Now with the implementation with the bogus layer containing ()
values:
keys \ batch | 1 | 10 | 100 | 1,000 | ALL |
---|---|---|---|---|---|
1,000 | 50ns | 27ns | 16ns | 14ns | 24ns |
10,000 | 54ns | 25ns | 23ns | 18ns | 13ns |
100,000 | 206ns | 129ns | 93ns | 62ns | 14ns |
1,000,000 | 287ns | 103ns | 87ns | 78ns | 11ns |
10,000,000 | 440ns | 128ns | 103ns | 119ns | 11ns |
100,000,000 | 515ns | 232ns | 191ns | 197ns | 13ns |
These numbers are definitely worse. Not catastrophic, but definitely worse. Add to this the fact that we hold on to an extra usize
for each key, 800 MB for the 100 million key case, and I'm comfortable with the effort spent making it possible to use the leaner representation.

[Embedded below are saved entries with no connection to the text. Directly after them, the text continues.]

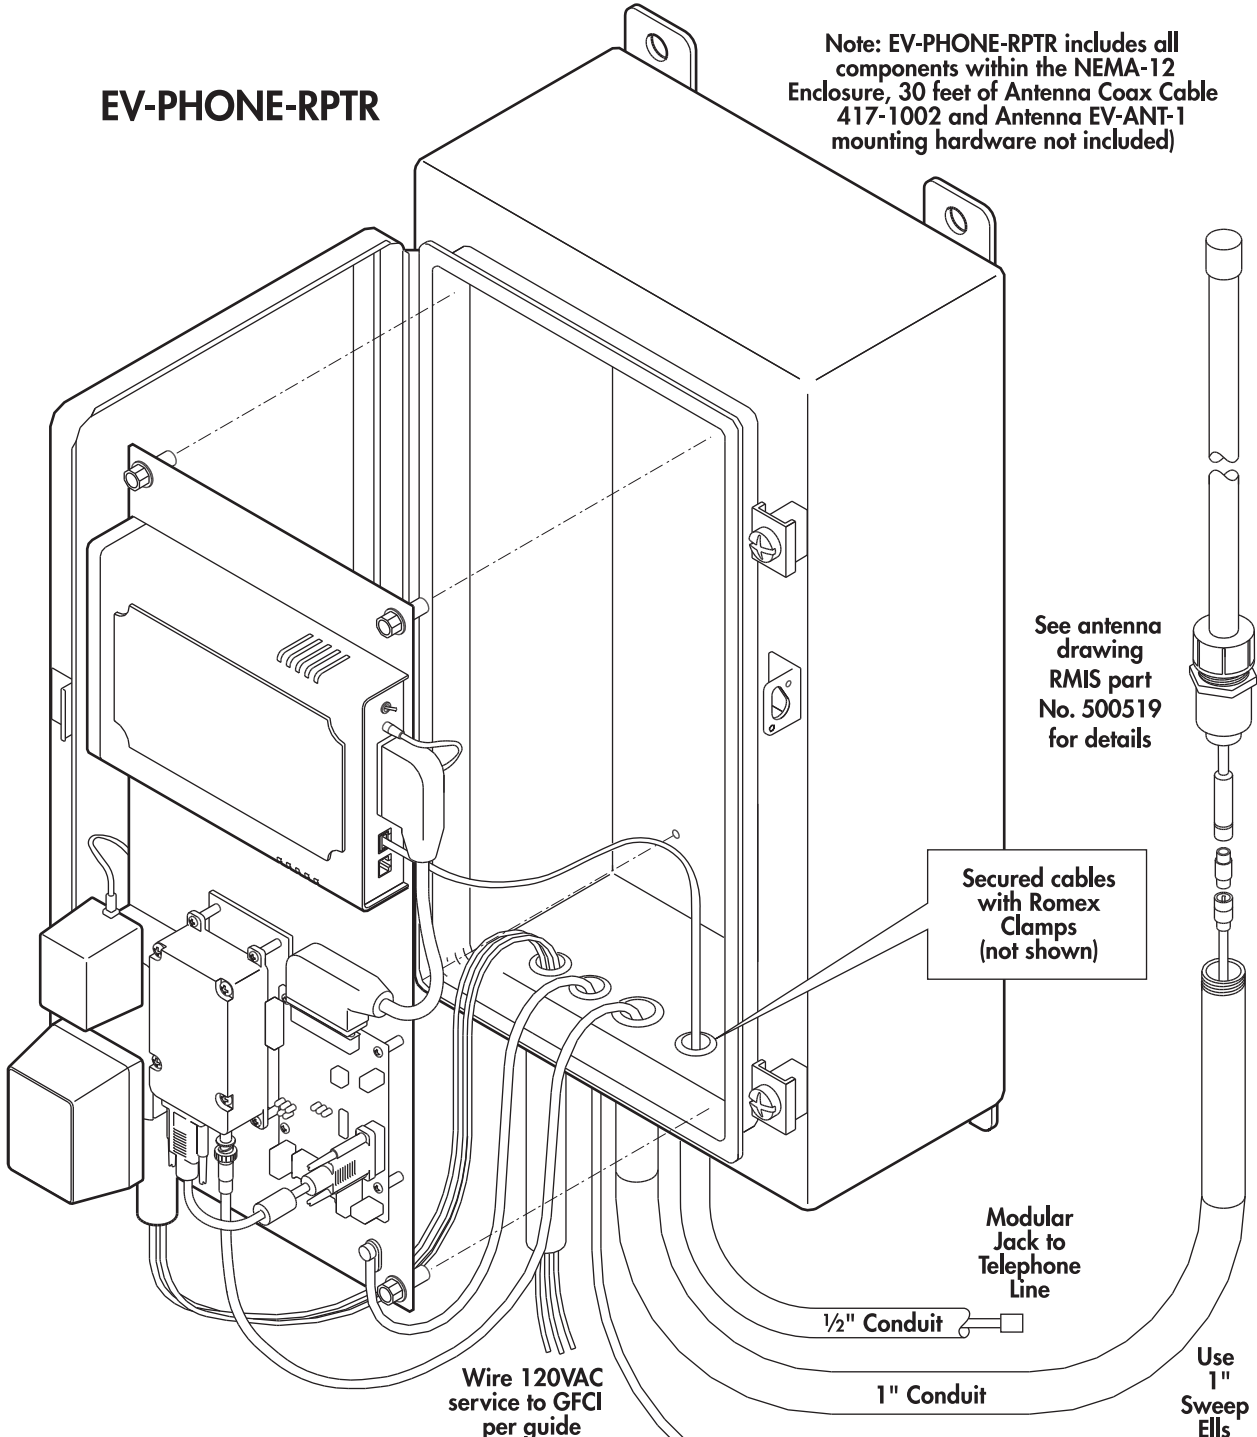

# Evolution DX2 Phone Repeater

EV-PHONE-RPTR

Note: EV-PHONE-RPTR includes all components within the NEMA-12 Enclosure, 30 feet of Antenna Coax Cable 417-1002 and Antenna EV-ANT-1 mounting hardware not included)

See antenna drawing RMIS part No. 500519 for details

Secured cables with Romex Clamps (not shown)

Modular Jack to Telephone Line

1/2" Conduit

1" Conduit

Use 1" Sweep Ells

Wire 120VAC service to GFCI per guide

5/8" x 8' Ground Rod EV-GROUND-ROD (sold separately, includes clamp) Attach #6 wire (not included)

**Bottom View**

**Knockouts**

Item	Accommodates	Description
A	1/2" conduit	Incoming AC
B	1/2" conduit	Ground Wire
C	1" conduit	Ext Antenna
D	1/2" conduit	Phone Line

**Box Dimensions**

Height.....	20 1/8"
Width .....	12 1/8"
Depth .....	7 1/4"

RMIS Part No. 500523 Rev. C

*Rain Master is a technology-based, innovative, environmentally sensitive company dedicated to providing water management solutions to the irrigation industry.*
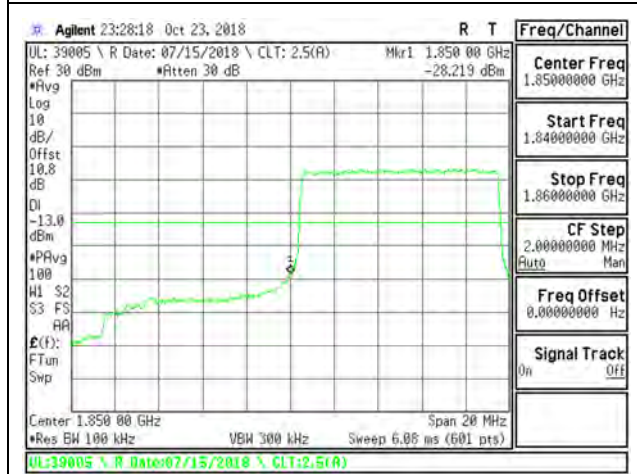

LTE B25 5MHz QPSK Low Channel RB25-0

LTE B25 5MHz QPSK High Channel RB25-0

LTE B25 5MHz 16QAM Low Channel RB1-0

LTE B25 5MHz 16QAM High Channel RB1-24

LTE B25 5MHz 16QAM Low Channel RB25-0

LTE B25 5MHz 16QAM High Channel RB25-0

LTE B25 10MHz QPSK Low Channel RB1-0

LTE B25 10MHz QPSK High Channel RB1-49

LTE B25 10MHz QPSK Low Channel RB50-0

LTE B25 10MHz QPSK High Channel RB50-0

LTE B25 10MHz 16QAM Low Channel RB1-0

LTE B25 10MHz 16QAM High Channel RB1-49

What about our fancy memcpy
merging? Let's evaluate that by doing some merging on two different pairs of collections. The first pair of collections will have all the even keys in one collection, and all the odd keys in the other collection. The second pair of collections will have the first nodes
keys in one collection, and the second nodes
keys in the other collection. The former collections alternate keys and will be annoying to merge, whereas the second collections can largely just copy their ranges over.
keys | alternating | contiguous |
---|---|---|
1,000 | 73ns | 36ns |
10,000 | 57ns | 22ns |
100,000 | 59ns | 23ns |
1,000,000 | 53ns | 26ns |
10,000,000 | 55ns | 25ns |
100,000,000 | 67ns | 31ns |
This shows off what sorts of gains we might pick up as we copy over larger regions. We have picked the very best possibly case to show this off, so it remains to be seen how cool it is in practice.
It seems like we have a decent toolkit to start building up interesting index structures. My first plan is to try and slot in a
HashLayer<Key, OrdLayer<Val, WeightedLayer<Time>>>
into differential dataflow and see how that looks. Of course, there is a bunch of glue to write, and perhaps some re-factoring of interfaces if pain points get discovered.
It might also make sense to push this code as a separate crate, then everyone could .. I'm not sure what you actually do with this, really.